(EXERCISE INPUTS):
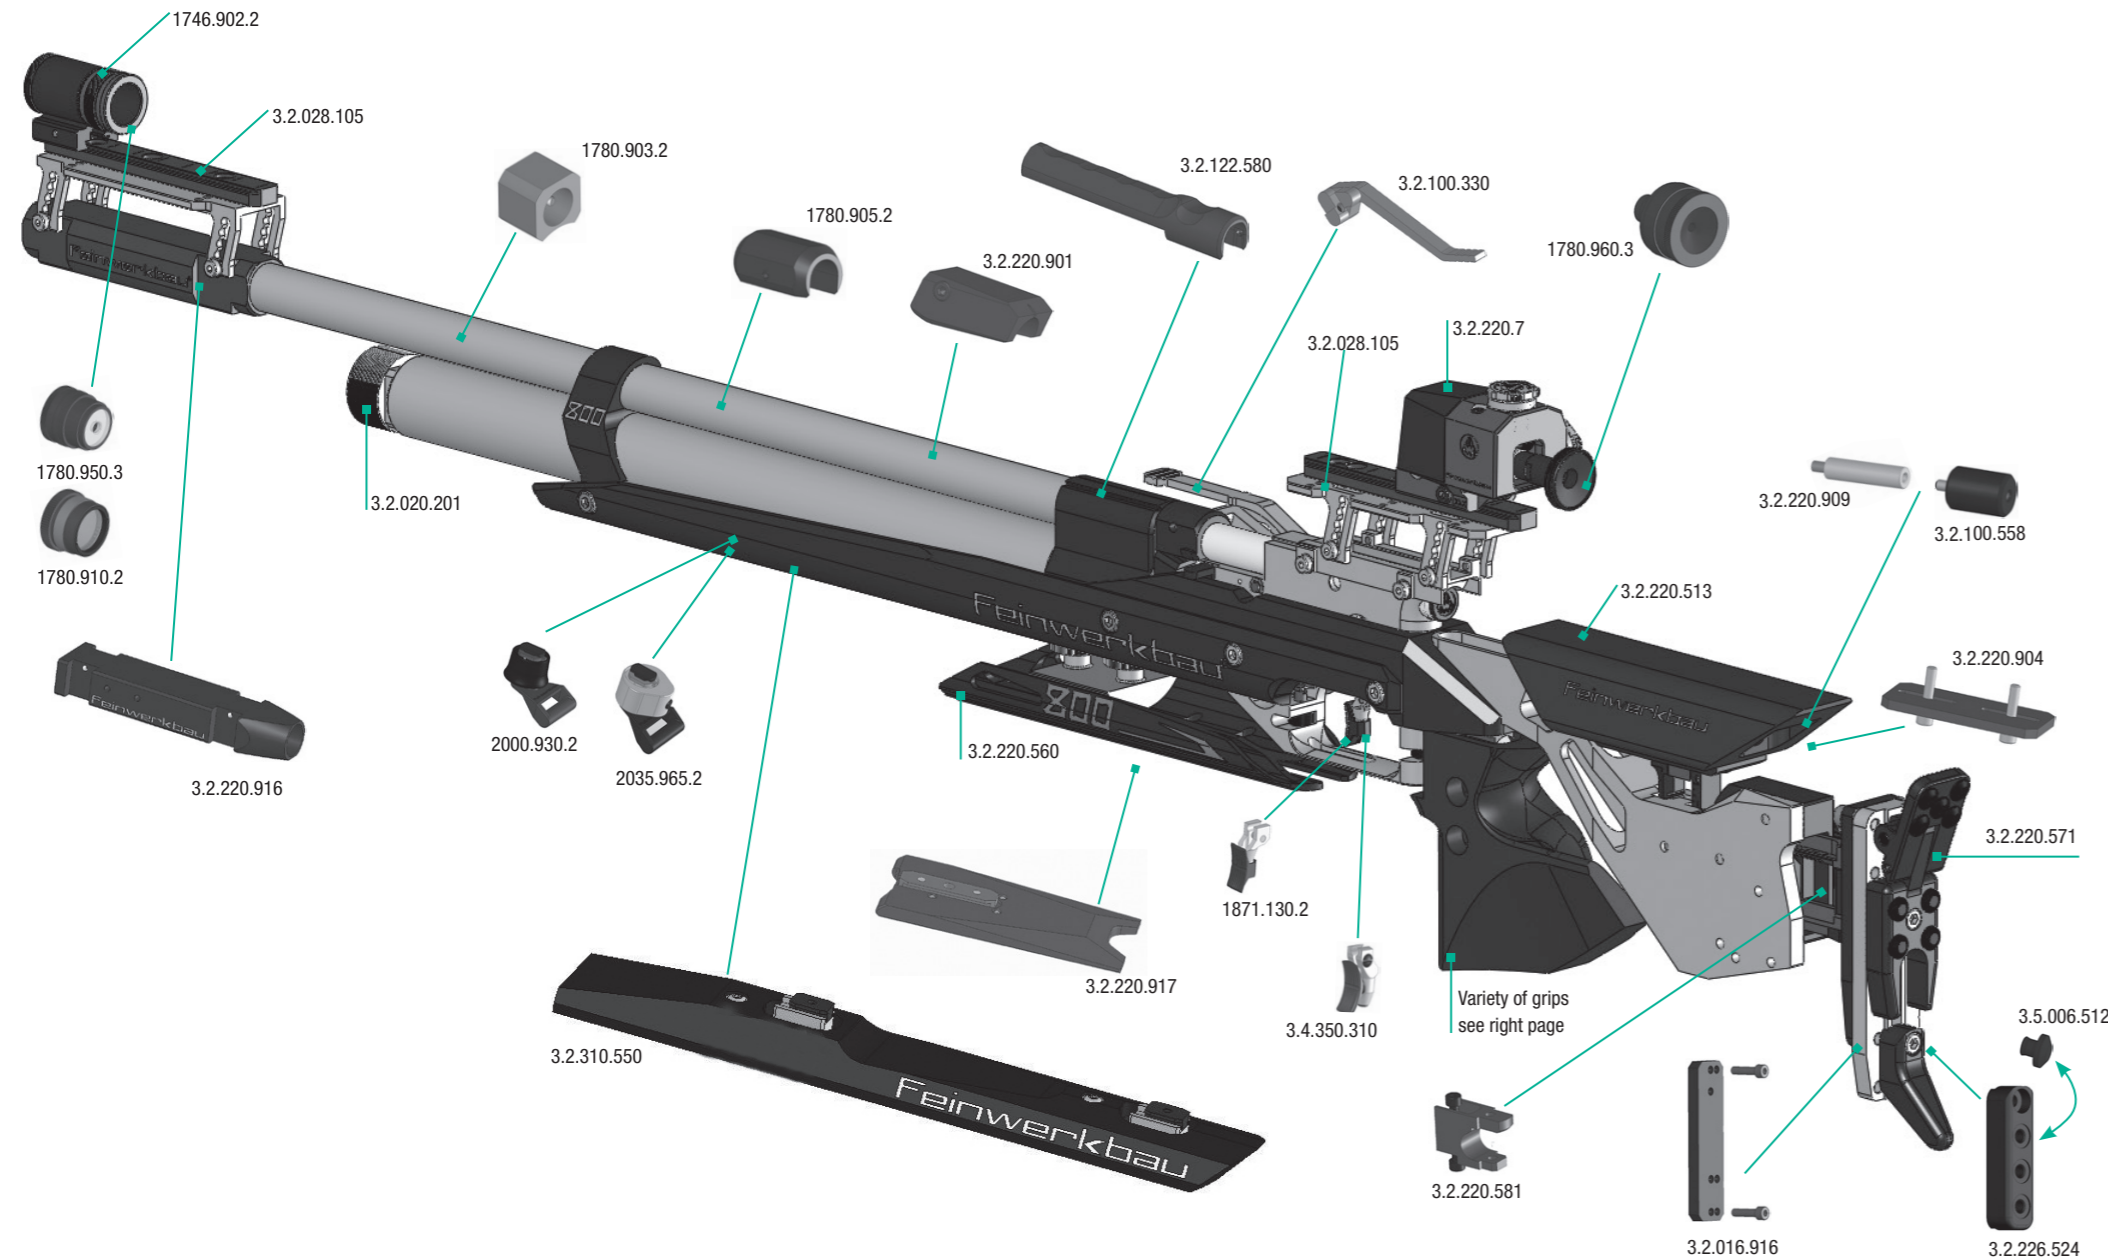

Plates

- 1780.535.2 Buttplate, mounted (rubber, without support) ==> for shooting on a rest
- 3.2.172.525 Buttplate, complete, with short rack set (Alu)
- 3.2.226.524 Buttplate, bottom part, for shooting on a rest (black)
- 3.2.220.570 Buttplate, complete
- 3.2.220.571 Buttplate, mounted
- 3.2.226.570 Buttplate, complete for shooting on a rest
- 3.2.226.571 Buttplate, mounted
- 3.5.006.512 Damper
- 3.2.226.524 Buttplate, bottom part, for shooting on a rest (black)

Cheek pieces

- 3.2.100.513 Cheek rest, complete, black-grey
- 3.2.106.513 Cheek rest, complete, blue
- 3.2.172.513 Cheek rest, complete, black-red
- 3.2.220.513 Cheek rest, complete, black
- 3.2.226.510 Distance washer
- 3.2.226.513 Cheek rest, complete, nutwood (Mod. 800)
- 3.2.232.513 Cheek piece, complete, laminated wood red
- 3.2.238.513 Cheek rest, complete, black
- 3.2.250.513 Cheek rest, complete, black (Mod. 800)

Weights

- 1780.903.2 Weight ring, 100 g, complete
- 1780.905.2 Moveable weight, 160 g, complete, burnished
- 3.2.016.916 Weight plate, 150 g
- 3.2.016.925 Moveable weight, 160 g, complete, dull chromium plated
- 3.2.100.520 Support (approx. 51 g)
- 3.2.100.521 Rotating support (approx. 47 g)
- 3.2.100.558 Pile weight approx. 66 g
- 3.2.100.559 Pile weight approx. 24 g
- 3.2.150.110 Barrel weight, complete, 140 g
- 3.2.220.901 Barrel weight, complete 150 g
- 3.2.220.905 Weight plate, 115 g
- 3.2.220.906 Additional stock weight, 75 g
- 3.2.220.909 Extension for pile weights
- 3.2.220.916 Sighting line extension tube, complete, steel (425 g)
- 3.2.220.904 Weight plate, 115 g, compl., below cheek 800
- 3.2.122.580 Barrel hand protection

Other

- 1871.130.2 Trigger, 9 mm wide, bent, universal adjustable
- 2000.322.1 Trigger shoe, 9 mm wide
- 3.4.350.310 Vario-Trigger
- 2000.930.2 Shooting sling holder, detachable
- 2035.965.2 Shooting sling holder with anatomical handstop
- 3.2.100.527 Attachment plate, large
- 3.2.220.523 Attachment plate, mounted, with toothed rack (approx. 72 mm)
- 3.2.220.560 Hand support, black, adjustable in height (Mod. 800)
- 3.2.220.581 Extension for Set of rods, 25 mm, complete (Mod. 800)
- 3.2.220.917 Hand rest, flat, complete (150 g)
- 3.2.220.921 support, low
- 3.2.220.925 Support border, with non-slip surface
- 3.2.220.931 Connecting joint, shorted 8 mm
- 3.2.226.530 Handle bar compl.
- 3.2.226.540 Extension for front stock (approx. 10 cm)
- 3.2.226.547 Extension for compressed air cylinder (105 mm)
- 3.2.226.550 Support border (walnut) compl.
- 3.4.350.310 Vario-Trigger
- 3.5.010.945 Set of racks, short (approx. 52 mm)
- 3.5.010.946 Set of racks (approx. 72 mm)
- 3.5.040.530 Hand support, black, adjustable in height and width, complete
- 3.5.010.944 Set of racks, long (approx. 95 mm)

Grips

(THE PROBLEM):
Your answer must be an exact copy of the records, minus any pictures.

(RESPONSE AREA):
Plates

- 1780.535.2 Buttplate, mounted (rubber, without support) ==> for shooting on a rest
- 3.2.172.525 Buttplate, complete, with short rack set (Alu)
- 3.2.226.524 Buttplate, bottom part, for shooting on a rest (black)
- 3.2.220.570 Buttplate, complete
- 3.2.220.571 Buttplate, mounted
- 3.2.226.570 Buttplate, complete for shooting on a rest
- 3.2.226.571 Buttplate, mounted
- 3.5.006.512 Damper
- 3.2.226.524 Buttplate, bottom part, for shooting on a rest (black)

Cheek pieces

- 3.2.100.513 Cheek rest, complete, black-grey
- 3.2.106.513 Cheek rest, complete, blue
- 3.2.172.513 Cheek rest, complete, black-red
- 3.2.220.513 Cheek rest, complete, black
- 3.2.226.510 Distance washer
- 3.2.226.513 Cheek rest, complete, nutwood (Mod. 800)
- 3.2.232.513 Cheek piece, complete, laminated wood red
- 3.2.238.513 Cheek rest, complete, black
- 3.2.250.513 Cheek rest, complete, black (Mod. 800)

Weights

- 1780.903.2 Weight ring, 100 g, complete
- 1780.905.2 Moveable weight, 160 g, complete, burnished
- 3.2.016.916 Weight plate, 150 g
- 3.2.016.925 Moveable weight, 160 g, complete, dull chromium plated
- 3.2.100.520 Support (approx. 51 g)
- 3.2.100.521 Rotating support (approx. 47 g)
- 3.2.100.558 Pile weight approx. 66 g
- 3.2.100.559 Pile weight approx. 24 g
- 3.2.150.110 Barrel weight, complete, 140 g
- 3.2.220.901 Barrel weight, complete 150 g
- 3.2.220.905 Weight plate, 115 g
- 3.2.220.906 Additional stock weight, 75 g
- 3.2.220.909 Extension for pile weights
- 3.2.220.916 Sighting line extension tube, complete, steel (425 g)
- 3.2.220.904 Weight plate, 115 g, compl., below cheek 800
- 3.2.122.580 Barrel hand protection

Other

- 1871.130.2 Trigger, 9 mm wide, bent, universal adjustable
- 2000.322.1 Trigger shoe, 9 mm wide
- 3.4.350.310 Vario-Trigger
- 2000.930.2 Shooting sling holder, detachable
- 2035.965.2 Shooting sling holder with anatomical handstop
- 3.2.100.527 Attachment plate, large
- 3.2.220.523 Attachment plate, mounted, with toothed rack (approx. 72 mm)
- 3.2.220.560 Hand support, black, adjustable in height (Mod. 800)
- 3.2.220.581 Extension for Set of rods, 25 mm, complete (Mod. 800)
- 3.2.220.917 Hand rest, flat, complete (150 g)
- 3.2.220.921 support, low
- 3.2.220.925 Support border, with non-slip surface
- 3.2.220.931 Connecting joint, shorted 8 mm
- 3.2.226.530 Handle bar compl.
- 3.2.226.540 Extension for front stock (approx. 10 cm)
- 3.2.226.547 Extension for compressed air cylinder (105 mm)
- 3.2.226.550 Support border (walnut) compl.
- 3.4.350.310 Vario-Trigger
- 3.5.010.945 Set of racks, short (approx. 52 mm)
- 3.5.010.946 Set of racks (approx. 72 mm)
- 3.5.040.530 Hand support, black, adjustable in height and width, complete
- 3.5.010.944 Set of racks, long (approx. 95 mm)

Grips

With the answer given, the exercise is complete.